Cette tentative a été infructueuse; celui qui se l’est permise ne l’eût point renouvelée; la sécurité, la droiture de son frère, qui ne l’en soupçonne point, l’en eussent fait rougir. Mais vous éclairez celui-ci sur cette trame qui eût dû rester dans l’ombre.

Dès lors il ne voit plus dans le frère qui lui était cher que l’ennemi de ses intérêts; pour les défendre il va s’armer à son tour; la défiance, qui bannit l’affection et précède la haine, la défiance régnera entre eux pour jamais. VOUS AVEZ SEMÉ LA DISCORDE.


Vous avez appris que cet homme, dans un moment d'humeur et peut-être d’ivresse, s’était permis un propos offensant contre un voisin avec lequel il a bien vécu jusqu'ici.

Ce propos n’eût point eu de suite; celui qui l’a tenu l’a oublié peut-être, ou ne se le rappelle que pour le regretter; mais vous avez soin de le répéter à celui qui en est l’objet.

C’est beaucoup encore si par l’accent, l’air, le geste ou même les expressions, vous n’y mettez pas une force et une intention qui n’y étaient point.

L’orgueil blessé de celui qui tous écoute, le ressentiment qui s’allume dans son cœur, lui exagèrent encore l’injure dont il s'agit et la dénaturent. Le voisin dont il faisait cas n’est plus à ses yeux qu’un homme injuste, dangereux, un ennemi; et peut-être en l'offensant le premier, dès que l’occasion en présentera, il croira ne faire qu’user de représailles. AINSI, VOUS AVEZ SEMÉ LA DISCORDE.


Je pourrais multiplier ces exemples, mes Frères; mais il n’est aucun de vous peut-être qui n’en connaisse plusieurs du même genre. J’ajouterai seulement qu’à la réserve des cas que j’ai exceptés en commençant, celui d’une révélation faite à un pasteur, à un maître, à un ami, à un père; en un mot, d’un avis nécessaire pour prévenir ou arrêter un grand mal, un avis donné par un mouvement de charité et avec toutes les précautions qu’elle inspire, il n’est point de rapport innocent: Le feu s'éteint faute de bois, dit le Sage, et les querelles cesseront quand il n’y aura plus de rapporteur. (Prov. 26, 20)
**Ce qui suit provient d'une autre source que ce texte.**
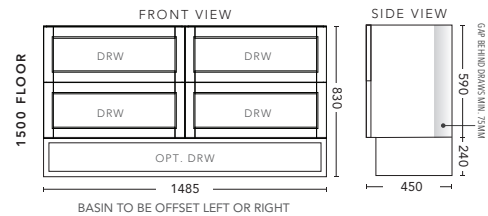

1500mm Single Bowl - FLOOR STANDING - ALL DRAWER

ALL DRAWER CABINET WITH	PRODUCT CODE	RRP
Elite Polymarble Top, Rectangular Bowl	NAD151ELW	$3,032
12mm Corian Top with Ceramic Above Counter Basin	NAD151COW	$3,599
20mm Caesarstone Top with Ceramic Above Counter Basin	NAD151CSW	$3,599
33mm Solid Timber Top with Ceramic Above Counter Basin	NAD151STW	$4,334
No Top	NAD151W	$2,528

ALL DRAWER CABINET WITH	PRODUCT CODE	RRP
Elite Polymarble Top, Rectangular Bowl	NAD151ELF	$3,253
12mm Corian Top with Ceramic Above Counter Basin	NAD151COF	$3,872
20mm Caesarstone Top with Ceramic Above Counter Basin	NAD151CSF	$3,872
33mm Solid Timber Top with Ceramic Above Counter Basin	NAD151STF	$4,607
No Top	NAD151F	$2,847
Smart Drawer Option - ADD	NAD151SD	$602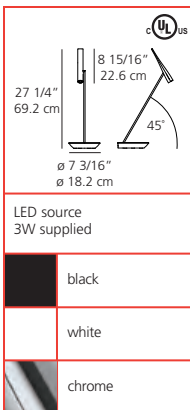

Diffusers in handblown glass.

Dioscuri 14 table \$305 **Sale Price \$209**

Dioscuri 25 table \$390 **Sale Price \$275**

Dioscuri 14

Dioscuri 25

Dioscuri 14  5 3/8"
13.6 cm
ø 5 1/2"
ø 14 cm

Dioscuri 25  9 1/16"
23 cm
ø 9 7/8"
ø 25 cm

Dioscuri 14
halogen source 
1 x 60W (G9/T4) supplied

Dioscuri 25
incandescent source 
1 x 100W (E26/A21)
or
halogen source 
1 x 100W (E26/T10 dbl. env.)

Egle table

Michel Boucquillon

Table standing luminaire for adjustable LED lighting.

Interchangeable plug options accommodate most electrical outlets for global diversity.

Egle table - white \$820 **Sale Price \$575**

Egle table - black \$820 **Sale Price \$575**

Egle table - chrome \$1,010 **Sale Price \$695**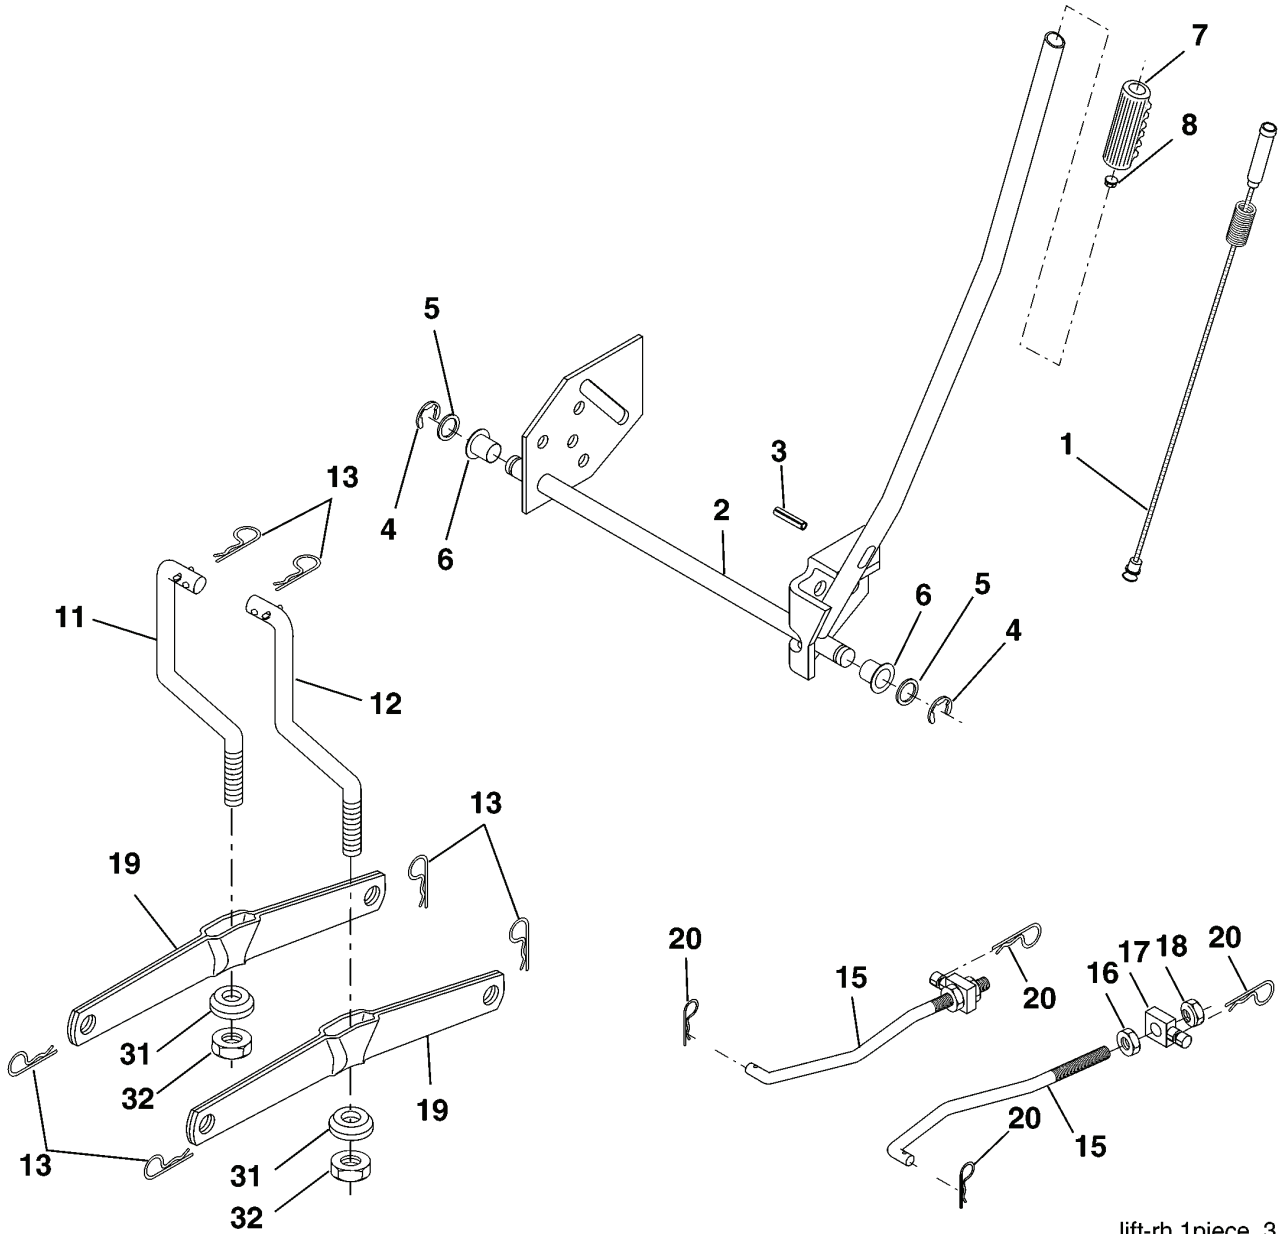

LTH1742, HAU17H42C, 954170224, 2005-0

SPARE PARTS LIST

REPAIR PARTS

TRACTOR - MODEL NO. LTH1742 (HAU17H42C), PRODUCT NO. 954 17 02-24

WHEELS & TIRES

REF.	PART NO.	DESCRIPTION	REMARK	QTY.	KIT
1	532059192	CAP VALVE		1	
2	532065139	NIPPLE		1	
3	532106222	TIRE		1	
4	532059904	HOSE		1	
5	532138336	RIM		1	
6	532124957	FITTING		1	
7	532124959	BEARING		1	
8	532138337	RIM.SPROCKET		1	
9	532122082	TIRE		1	
10	532124926	HOSE		1	
11	532175039	HUB CAP		1	
--	532144334	SEALING FOAM		1	

REPAIR PARTS

TRACTOR - MODEL NO. LTH1742 (HAU17H42C), PRODUCT NO. 954 17 02-24
MOWER LIFT

lift-rh.1piece_3

REF.	PART NO.	DESCRIPTION	REMARK	QTY.	KIT
1	532159460	WIRE		1	
2	532159471	LEVER		1	
3	532105767	PIN RETAINING SCREW		1	
4	812000002	RETAINER RING		1	
5	819211621	WASHER		1	
6	532120183	BEARING		1	
7	532125631	HANDLE		1	
8	532124526	KNOB		1	
11	532139865	LINK		1	
12	532139866	LINK		1	
13	532124670	RETAINER RING		1	
15	532173288	LINK		1	
16	873350800	NUT		1	
17	532175689	BRACKET		1	
18	873800800	NUT		1	
19	532139868	LEVER		1	
20	532163552	CLIP		1	
31	532169865	BEARING		1	
32	873540600	NUT		1	

REPAIR PARTS

TRACTOR - MODEL NO. LTH1742 (HAU17H42C), PRODUCT NO. 954 17 02-24
ELECTRICAL

REF.	PART NO.	DESCRIPTION	REMARK	QTY.	KIT
1	532144927	BATTERY		1	
2	874760412	BOLT		1	
8	532176689	BATTERY BOX		1	
16	532176138	MICRO SWITCH		1	
21	532175688	HARNESS		1	
22	532004152	BULB		1	
24	532124780	CABLE		1	
25	532146147	CABLE		1	
26	532175158	FUSE		1	
27	873510400	NUT		1	
28	532124773	CABLE		1	
29	532121305	SWITCH		1	
30	532175566	SWITCH		1	
33	532140401	KEY		1	
40	532179720	HARNESS		1	
41	871110408	BOLT		1	
42	532131563	COVER		1	
43	532178861	SOLENOID		1	
48	532140844	ADAPTER		1	
52	532141940	WIRE		1	
90	532180449	COVER		1

Et sentez-vous tout ce qu’il y a de bas dans le rôle que joue un tel homme?

Quoi! lui demanderai-je, si vous étiez appelé à déposer devant les juges contre ceux que vous accusez, vous éprouveriez un sentiment pénible; vous parleriez avec réserve, à regret; peut-être de tous ces faits que vous racontez avec assurance, il n’en est aucun qui vous parût assez certain pour l'affirmer sur nos Saints Livres; et ces mêmes hommes, que vous craindriez d’accuser en public pour répondre à une sommation sacrée, vous les accusez volontairement, pour votre satisfaction, non devant des magistrats impartiaux qui pèseraient leurs fautes à la balance de la justice, mais devant des hommes qui les pèseront à la balance du ressentiment! Grand Dieu, quelle inconséquence! quelle lâcheté!


II.



J’ai dit qu’on sème la discorde par des conseils violents.

Il est des circonstances, je le sais, qui demandent un parti extrême. Il s'agit de rompre une liaison funeste pour les moeurs, de bannir d’une maison une personne qui abuse de la confiance qu’on a en elle et qui peut nuire essentiellement aux intérêts de la famille.
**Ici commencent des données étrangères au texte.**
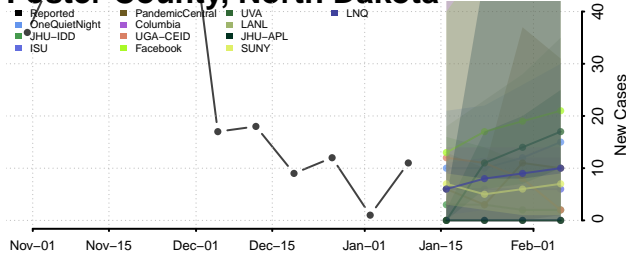

Foster County, North Dakota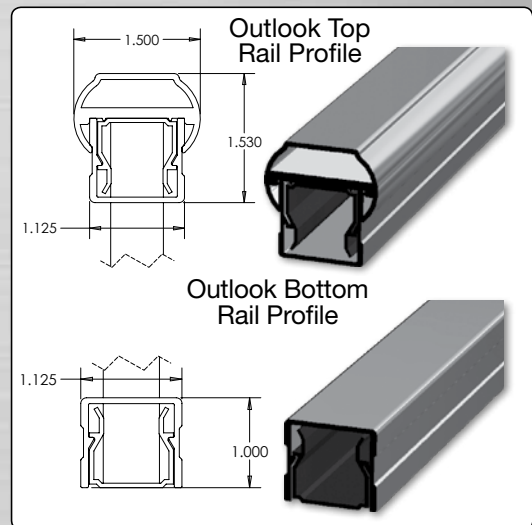

Gloss White
(KL102)

Ninety Bronze
(KL131)

Textured Black
(KL106)

Textured Bronze
(KL107)

Textured White
(KL123)

Color Representations May Vary From Actual Product Color

RAILING FEATURES

- 1½" Flat-Top & Rounded Rail
- Square Balusters
- Self-Centering Mounting Brackets
- 6 Color Options
- Rattle-Free Vinyl Lined System
- Easy to Install
- Boxed Railing Kits
- Limited Lifetime Warranty
- AAMA 2604 Rated Powder Coating
- Performance Engineered & Tested to ICC Standards
- Universal Step Bracket Available
- Manufactured in USA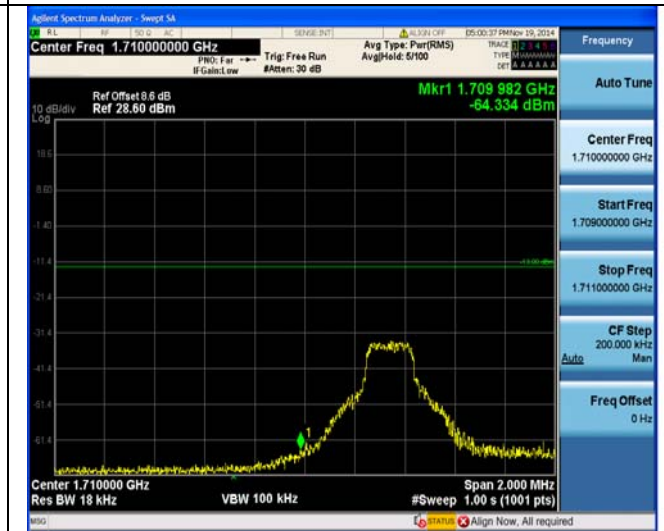

LTE FDD Band 4-5MHz Channel Bandwidth Band Edge Compliance

Low Channel

QPSK

16QAM

1RB#0

1RB#0

1RB#12

1RB#12

1RB#24

1RB#24

LTE FDD Band 4-5MHz Channel Bandwidth Band Edge Compliance

Low Channel

QPSK

16QAM

12RB#0

12RB#0

Celui qui est consulté dans cette occasion, ou que sa position appelle à donner conseil, doit ouvrir cet avis s’il le juge nécessaire; mais que ce soit la justice impartiale et la vertu qui prononcent, et non la légèreté, la malignité, ou cette honteuse complaisance qui, pour faire mieux sa cour, flatte bassement les passions.
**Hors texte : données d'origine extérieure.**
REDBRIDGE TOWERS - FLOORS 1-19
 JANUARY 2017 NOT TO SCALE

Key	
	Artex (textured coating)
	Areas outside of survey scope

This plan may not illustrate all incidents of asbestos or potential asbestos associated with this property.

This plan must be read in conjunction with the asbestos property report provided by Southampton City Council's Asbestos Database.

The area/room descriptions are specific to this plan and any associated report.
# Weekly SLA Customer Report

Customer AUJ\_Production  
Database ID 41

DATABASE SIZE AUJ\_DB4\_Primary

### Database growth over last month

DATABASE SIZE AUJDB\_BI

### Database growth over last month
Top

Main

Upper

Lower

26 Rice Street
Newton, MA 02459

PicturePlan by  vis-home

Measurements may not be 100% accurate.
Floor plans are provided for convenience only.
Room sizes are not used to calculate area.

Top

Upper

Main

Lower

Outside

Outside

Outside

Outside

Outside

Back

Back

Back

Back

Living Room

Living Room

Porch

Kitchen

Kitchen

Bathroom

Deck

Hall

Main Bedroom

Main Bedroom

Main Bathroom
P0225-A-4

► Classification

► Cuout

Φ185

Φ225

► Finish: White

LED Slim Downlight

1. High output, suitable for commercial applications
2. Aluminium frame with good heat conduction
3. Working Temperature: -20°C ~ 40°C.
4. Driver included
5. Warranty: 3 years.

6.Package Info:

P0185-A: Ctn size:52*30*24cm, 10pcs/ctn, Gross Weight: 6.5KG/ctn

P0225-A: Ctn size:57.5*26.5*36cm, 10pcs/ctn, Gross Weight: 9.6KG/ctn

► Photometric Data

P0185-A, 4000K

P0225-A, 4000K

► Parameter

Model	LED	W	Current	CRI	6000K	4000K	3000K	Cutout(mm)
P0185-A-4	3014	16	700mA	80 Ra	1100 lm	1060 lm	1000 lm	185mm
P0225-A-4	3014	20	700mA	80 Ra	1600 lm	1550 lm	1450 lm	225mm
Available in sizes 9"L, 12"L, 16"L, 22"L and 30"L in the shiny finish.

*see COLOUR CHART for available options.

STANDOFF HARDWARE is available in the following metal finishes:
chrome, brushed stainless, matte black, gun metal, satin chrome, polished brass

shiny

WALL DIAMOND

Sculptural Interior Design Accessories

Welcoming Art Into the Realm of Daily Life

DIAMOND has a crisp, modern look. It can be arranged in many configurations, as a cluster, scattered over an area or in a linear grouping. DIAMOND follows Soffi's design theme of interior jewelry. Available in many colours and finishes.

Que la compassion, que la charité, qu’une charité ingénieuse, cherche encore à adoucir ce que le devoir qu’on remplit a de rigoureux; qu’elle vous dirige dans les ordres ou dans les conseils que vous donnez, de manière que vous rendiez service sans décrier et diffamer personne; de manière qu’il soit évident que vous plaignez et que vous voudriez corriger le méchant, lors même qu’il faut l’écarter ou le punir.

Que voyons-nous cependant tous les jours, mes chers Frères:


Il survient un refroidissement, une querelle entre deux personnes qui soutenaient ensemble quelque relation d'amitié ou de parenté: il semble, hélas! que tous ceux qui les approchent se plaisent à envenimer la blessure.

«Après tout ce que vous avez fait pour lui, comment a-t-il pu se conduire ainsi il connaissait votre sensibilité; il savait combien il vous offensait par là. Vous lui avez trop souvent pardonné; c’est votre indulgence qui l’enhardit. Ce serait manquer à l’honneur d’oublier une telle injure. À votre place, je ne le reverrais pas; il saurait qu’il n’a plus rien à attendre de moi; j’agirais envers lui comme il le mérite, et je le ferais repentir de ses indignes procédés....»

Ainsi parlent ceux-là même à qui on ne demande point conseil, cette foule d’esprits inquiets, curieux, pleins d’imprudence et d’indiscrétion, QUI AIMENT À SE MÊLER DE TOUT, qui font les empressés sur des objets qui ne les regardent point, et dans des occasions où l’on n’a besoin ni de leurs réflexions ni de leur entremise; QUI AUJOURD’HUI VOUS PARLERONT CONTRE VOTRE PROCHAIN sous prétexte d’amitié pour vous, et qui DEMAIN PARLERONT CONTRE VOUS sous prétexte d’attachement pour un autre.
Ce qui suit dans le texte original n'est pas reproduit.